On the other hand, the total content of the transition metal catalyst and the polyamide resin A in the oxygen-absorbing resin layer was less than 15% by mass, and the content of the transition metal catalyst and the polyamide resin A in the oxygen-absorbing resin composition was as follows. In Comparative Example 4 exceeding 60% by mass, the oxygen absorption amount decreased.
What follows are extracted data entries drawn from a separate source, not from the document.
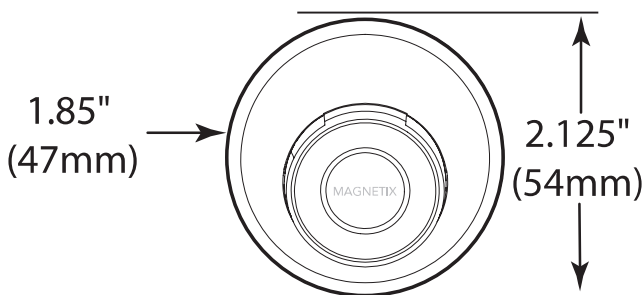

OPERATION

- Includes two installation options
 - 1) Mount to shower wall with screws and wall bracket
 - 2) Adhere with permanent, waterproof adhesive
- Installation with screws and wall bracket is recommended for installation with 3662EP, IN208H2, and IN208C2 series

**Magnetix™
Remote Dock**

Model: 186117 series
196117 series

FRONT VIEW

SIDE VIEW

CRITICAL DIMENSIONS

(DO NOT SCALE)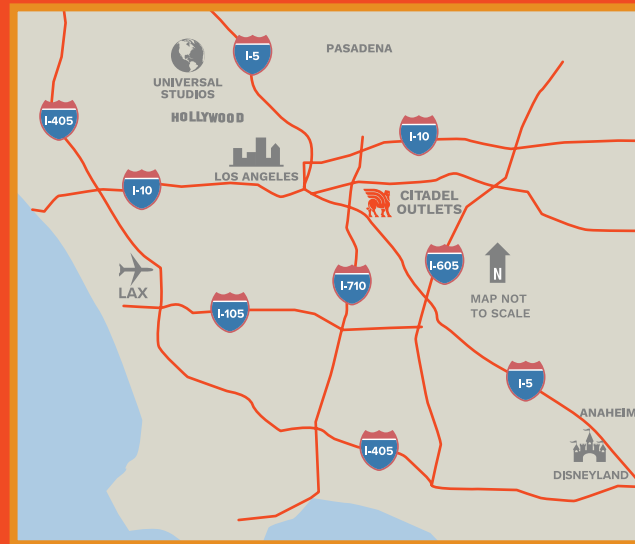

ARRIVE. LA STYLE.

CITADEL OUTLETS EXPRESS - DOWNTOWN L.A.

FREE round-trip shuttle service offered by the City of Commerce. Visit ci.commerce.ca.us or call 323.887.4419.

SHOP UNTIL YOU DROP OFF - AT LAX

Designed for late night departures, this VIP experience includes shuttle pick-up from your hotel, VIP Lounge access at Citadel Outlets, and shuttle to LAX. Visit CitadelOutlets.com/shopdrop

FROM DOWNTOWN LOS ANGELES/SAN FERNANDO VALLEY

101 South to I-5 South. Exit Atlantic Blvd. (North)
Turn right on Telegraph Road.

FROM LAX

I-105 East to I-710 North. Exit Washington Blvd. Turn left on
Washington Blvd. Turn left on Telegraph Road.

FROM JOHN WAYNE/ORANGE COUNTY AIRPORT

I-5 North. Exit Washington Blvd. Turn left on Telegraph Road.

FROM LONG BEACH AIRPORT

I-405 South to I-5 North. Exit Washington Blvd.
Turn left on Telegraph Road.

10 MINUTES FROM DOWNTOWN

Our L.A. aesthetic is elevated and on point.

We welcome locals, the world and their dogs.

We sell ice cream cones bigger than a designer bag.

We like our selfies stylish and our #CITADEALS big.

We know you'll love our more than 130 retailers offering on-trend merchandise and unrivaled discounts.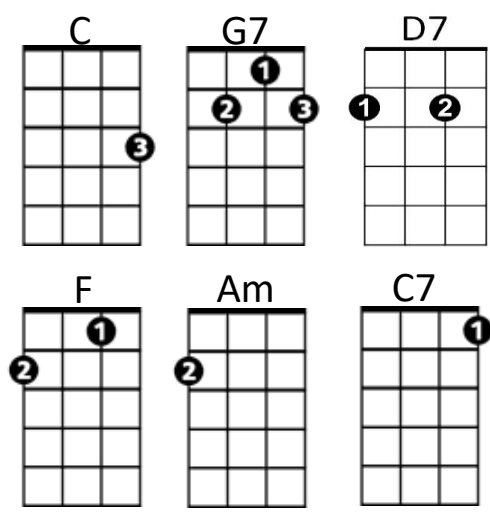

I'll Take You Home Again Kathleen (Thomas P. Westendorf)

C **G7** **C**
 I'll take you home again Kathleen
G7 **C**
 Across the ocean wild and wide
 G7 **C**
 To where your heart has ever been
 G7 **D7** **G7**
 Since first you were my bonnie bride

F **G7** **C**
 The roses all have left your cheek
G7 **C**
 I've watched them fade away and die
 E7 **Am** **C**
 Your voice is sad when you speak
 D7 **G7**
 And tears bedim your loving eyes

C **G7** **C**
 Oh, I will take you back Kathleen
G7 **C**
 To where your heart will feel no pain
 C7 **F**
 And when the fields are fresh and green
C **G7** **C**
 I'll take you to your home Kathleen

C7 **F**
 And when the fields are fresh and green
C **G7** **C**
 I'll take you to your home Kathleen

  The present invention blends a specific polyamide, transition metal and polyolefin resin containing a specific concentration of a phosphorus atom-containing compound at a specific ratio, so that the oxygen absorption performance is excellent and the resin strength after storage is maintained. Furthermore, it was an oxygen-absorbing resin composition having excellent processability, good color tone and no odor generation.

Claims (2)

An oxygen-absorbing resin composition containing a polyolefin resin, a transition metal catalyst, and a polyamide resin obtained by polycondensation with an aromatic diamine and a dicarboxylic acid, wherein the phosphorus atom content in the polyamide resin is 500 ppm or less, and An oxygen-absorbing resin composition, wherein the polyamide resin has a terminal amino group concentration of 30 μeq / g or less, and a total content of the transition metal catalyst and the polyamide resin is 15 to 60% by mass. The oxygen-absorbing resin according to claim 1, wherein the phosphorus atom is contained in one or more compounds selected from alkali metal or alkaline earth metal hypophosphites, phosphites, and phosphates. Composition.